As technological devices, digital tools and services are integral parts of our everyday life, we can’t opt out of using AI anymore. Also, because we no doubt wouldn’t want to remove all the extra convenience, health and security we’ve experienced with the help of AI applications. Just imagine you wouldn’t be able to search the web accurately anymore or check an online map for the fastest route to your destination. AI is now used, for example, to edit genes, to perform eye surgery but also to create fortune cookies, or to compose music that you can enjoy while drinking a beer brewed with the help of AI.
Is there a way out of the AI Privacy Dilemma?
An AI well trained because of potential privacy-invading mass data collections or an inaccurate AI because of no data collection at all – these seem to be the only options out there in many consumer use cases of AI. Many attempts have been made so far to solve this problem; two of the most prominent ones rely on data anonymisation and homomorphic encryption.
In the case of data anonymisation, the most popular method is the so-called differential privacy. Here the original data is slightly changed in one statistical way or the other so that it can be processed centrally. Even though this method has a (comparatively) low complexity, a high maturity and can be applied for a wide range of cases, it is still much more of a bypass technology than a solution in itself. The main reason being the fact that personal data may be recalculated – for example by linking different databases. Last but not least, you also should keep in mind that even though the anonymisation technology might develop at a rapid pace, de-anonymisation technologies are also improving at the same time. What might be “privacy-preserving” today might not be secure anymore tomorrow. Therefore, this is one of the methods with a lower privacy rating.

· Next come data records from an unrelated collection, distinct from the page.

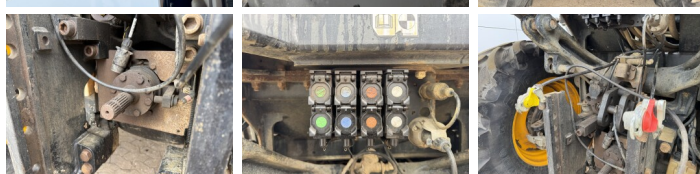

JCB

JCB Fastrac 4160

BOSS
MACHINERY

€ 54.500 wy??czny podatek

Rok **2019**
Numer referencyjny **BM007776**
Godziny **11.604**
Przebieg **91.226**

Algemeen

Typ Fastrac 4160
Lokalizacja Veldhoven, Netherlands
Certificaat CE

Available at Boss Machinery! This JCB Fastrac 4160 Tractor from 2019 has an engine power of 118 kW and counts 11604 operational hours. The total weight of this JCB Fastrac 4160 is 7575 kg and the dimensions are 5.19 x 2.53 x 3.02. Furthermore, this Fastrac 4160 is equipped with Bluetooth, Radio, Airco, Dodatkowy naped (pto), Climate Control. The JCB Tractor also has a CE marking. Do you want more information or do you want to try the JCB Fastrac 4160 at our yard? Please let us know.

Maten / Gewichten

Wymiary D*S*W 5.19 x 2.53 x 3.02
Waga 7575

Technische informatie

German Machine
Konfiguracje dysków 4x4x4

Motor informatie

Turbo
Wydajno?? w kW 118

Banden / Rupsen

40% 30% 540/65R30
20% 20% 540/65R30

Opties

Another method which raises hopes is homomorphic encryption. Data is encrypted on-device level and then processed centrally in encrypted form. But even though this is a promising approach, the considerable amount of computing resources needed for the calculations still hinders the widespread adaption.

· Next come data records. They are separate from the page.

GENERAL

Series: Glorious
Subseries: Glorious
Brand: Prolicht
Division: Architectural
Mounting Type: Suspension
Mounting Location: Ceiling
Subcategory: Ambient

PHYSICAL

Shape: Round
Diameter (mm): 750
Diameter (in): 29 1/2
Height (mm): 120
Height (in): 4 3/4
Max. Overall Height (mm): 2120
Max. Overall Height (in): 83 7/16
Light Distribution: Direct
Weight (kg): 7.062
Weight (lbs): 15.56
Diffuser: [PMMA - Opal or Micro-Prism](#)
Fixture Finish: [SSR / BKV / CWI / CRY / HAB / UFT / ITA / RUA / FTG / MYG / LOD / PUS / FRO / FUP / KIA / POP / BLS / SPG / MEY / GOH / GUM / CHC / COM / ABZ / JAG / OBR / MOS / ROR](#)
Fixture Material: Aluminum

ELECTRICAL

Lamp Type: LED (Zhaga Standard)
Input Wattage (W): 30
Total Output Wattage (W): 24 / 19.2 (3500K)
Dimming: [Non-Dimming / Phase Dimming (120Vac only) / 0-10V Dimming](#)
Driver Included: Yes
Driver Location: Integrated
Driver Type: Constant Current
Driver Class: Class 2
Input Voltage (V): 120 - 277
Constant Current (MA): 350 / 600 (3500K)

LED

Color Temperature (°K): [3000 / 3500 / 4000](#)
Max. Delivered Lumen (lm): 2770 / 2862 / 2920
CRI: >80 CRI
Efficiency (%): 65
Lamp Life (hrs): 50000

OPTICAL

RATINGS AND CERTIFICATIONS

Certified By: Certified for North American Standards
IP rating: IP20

What these methods have in common is that they collect data, change it in one way or the other and process it centrally. But what if we turn this approach around and don’t bring the data to the algorithm but rather the algorithm to the data? Edge computing and especially federated learning are doing just this.
Don’t bring the data to the algorithm, bring the algorithm to the data
With federated learning, all data stays on end devices and each end device trains its own AI local with its own data. These models are then encrypted and send to an aggregator that combines these encrypted AI models and can remove the encryption, but only on the aggregated AI model.
Besides protecting user privacy, this method also has the advantage that you don’t have to ship large amounts of raw data anymore and that it works asynchronously. It can also much better protect against attacks and manipulations than conventional anonymisation methods. For attackers to succeed, they would have to corrupt and control several, decentralised devices at the same time.
Another huge benefit of a decentralised over a centralised approach is that the tide is turning for centralised systems.
Whereas in 2018, 80 % of data was processed centrally, the afore mentioned official EU Data Strategy projects that by 2025 80 % of data is processed on device level.
Technological development not only brings us new, difficult choices but sometimes also new methods to face these challenges – if we’re willing to invest in them and use them for the greater good. In our understanding of AI dilemmata, we shouldn’t get stuck with a dichotomy fallacy of seeing only an either-or choice – and thus starve to death like Buridan’s Ass.
But we should rather try to find a third, new way out of this AI Privacy Dilemma, by challenging the status quo – so that we enable great, convenient AI technology while protecting and preserving privacy at the same time.